The state can appoint any civilian or personnel to carry out civil Defence task under its control in the CD organisation. This is provided in Protocol 1. Very importantly, members of the armed forces and military units may also carry out CD task. They are protected if they are permanently and exclusively assigned to this task and are wearing a proper indicative sign of Civil Defence. All personnel involved in Civil Defence work , must be protected. These personnel will carry out their duties until it is a military necessity which requires the process of the task to be curtailed .
As the CD personnel are allowed to carry weapons for self defence and protection of their equipment, these persons can be disarmed for security reasons by powers in control of the territory. Further it should be noted that CD task can be carried out under the direction and control of military authorities, or it is legal for some military personnel to be attached to CD organisations. Further to this the CD task may benefit military victims who are Hors De Combat .
It is imperative that the members of the Armed forces and units assigned to CD duties, must be respected and protected as per the (Art 67), with the following provisions.
They are permanently and exclusively assigned to the following listed Humanitarian Tasks .
1. The tasks are carried out in the territory of their state.
2. They are not involved in performing any military duties during the conflict .
3. They constantly display the International distinctive emblem of CD .
4. They are carrying only a light individual weapon for maintaining law and order tasks and for self Defence .
5. They do not take part in any type of hostility or do not commit any act harmful to the enemy. Failure to observe this would be considered a breach of protocol 1 , and may result in disciplinary or penal punishment .
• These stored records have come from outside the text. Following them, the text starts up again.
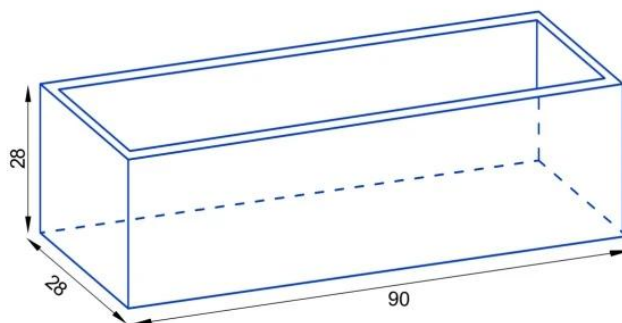

Opis produktu

Czarna matowa prostokątna donica na balkon 90x28x28 cm - ZADORA Premium D972LB

Donica ZADORA Premium D972LB w kolorze czarny mat, to elegancka forma stworzona z myślą o wąskich balkonach i tarasach. Donica ma 90 cm długości, 28 cm szerokości i 28 cm wysokości. Podobnie, jak inne donice z tej serii donica wykonana jest z laminatu włókna szklanego i żywicy poliestrowej. To znany z przemysłu jachtowego kompozyt, który służy do budowy kadłubów żaglówek i łódek. Powierzchnia donicy jest gładka dzięki malowaniu natryskowemu wysokiej jakości matowym lakierem akrylowym w kolorze czarnym (RAL 9005). Zastosowane materiały zapewniają niewielką wagę doniczki oraz odporność na warunki atmosferyczne.

W przypadku korzystania z tej czarnej matowej donicy na zewnątrz, konieczne jest wykonanie otworów odpływowych w dnie. Otwory można wykonać samodzielnie, lub zlecić to nam przy składaniu zamówienia. W tym celu prosimy o wpisanie stosownej informacji w pole **UWAGI DO ZAMÓWIENIA**.

Czarna matowa donica ZADORA Premium D972LB

Prostokątna czarna matowa donica D972LB sprawdzi się jako doniczka na balkon na niewielkie trawy lub rośliny jednoroczne kwitnące. Doniczka tej wielkości może również zostać wykorzystana jako doniczka na parapet lub szafkę, zarówno w domu jak i biurze.

Ten model donicy oferujemy w kilkunastu wariantach, które można zobaczyć [tutaj](#).

W ofercie posiadamy również inne modele donic, zbliżonych wymiarami. Można je zobaczyć [tutaj](#).
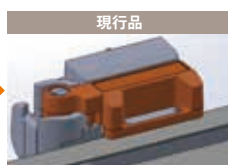

■DCモーター

■環境にやさしい省エネ設計

DCモーターで消費電力約1/4。環境にも、おサイフにもエコ。

■開閉検知制御機能

整流板を開けるとファンが自動停止する安全な機能です。

■整流板の取りはずし
ヒンジ部のラインに沿ってハンガー部を左へスライドさせる。
■整流板の取り付け
ヒンジ部のラインに沿ってハンガー部を右へスライドさせる。

■整流板の取りはずし
ジョイントアームを180°開回転させてから手前方向に引き抜く。
■整流板の取り付け
ハンガー部をジョイント部にはめ込んでからジョイントアームを180°開回転させる。
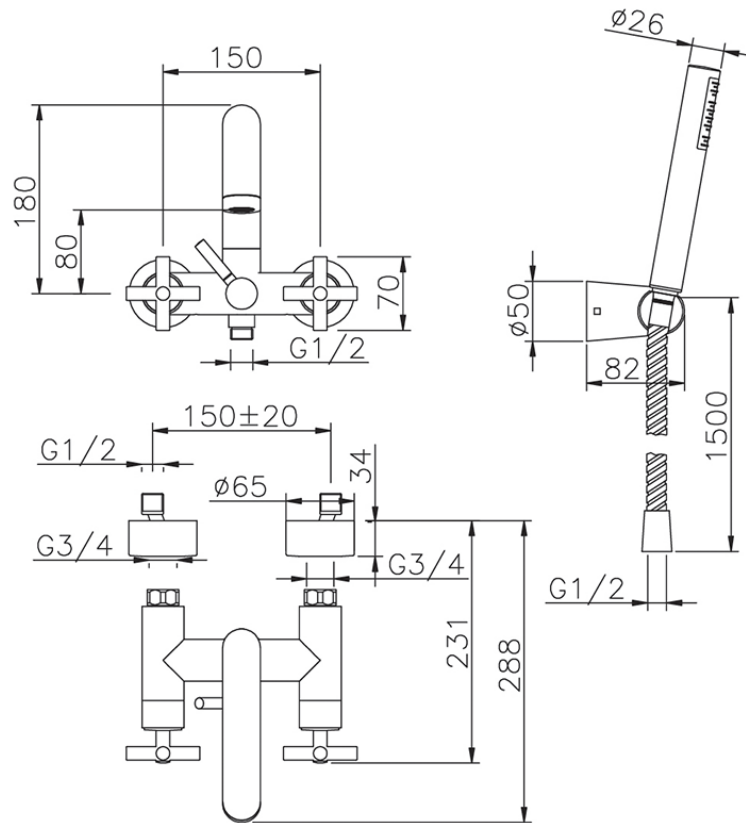

Miscelatore vasca completo SUITE_SU000120

SU000120

<https://huberitalia.com/miscelatore-vasca-completo-suite-su000120>

2024-11-23

The international distinctive sign of CD as per Protocol 1 consists of a Blue Equilateral Triangle on an orange background. This sign is to be used thus to identify the CD Location, Personnel and material, used for humanitarian tasks as per the Protocol. However, the parties to the conflict may agree amongst themselves to the use of separate signals and lights for identification of CD services. It is imperative that all states must enforce the rules of CD. The CD structure must be recognisable in war zone. The states must ensure that their armed forces respect the rules of CD.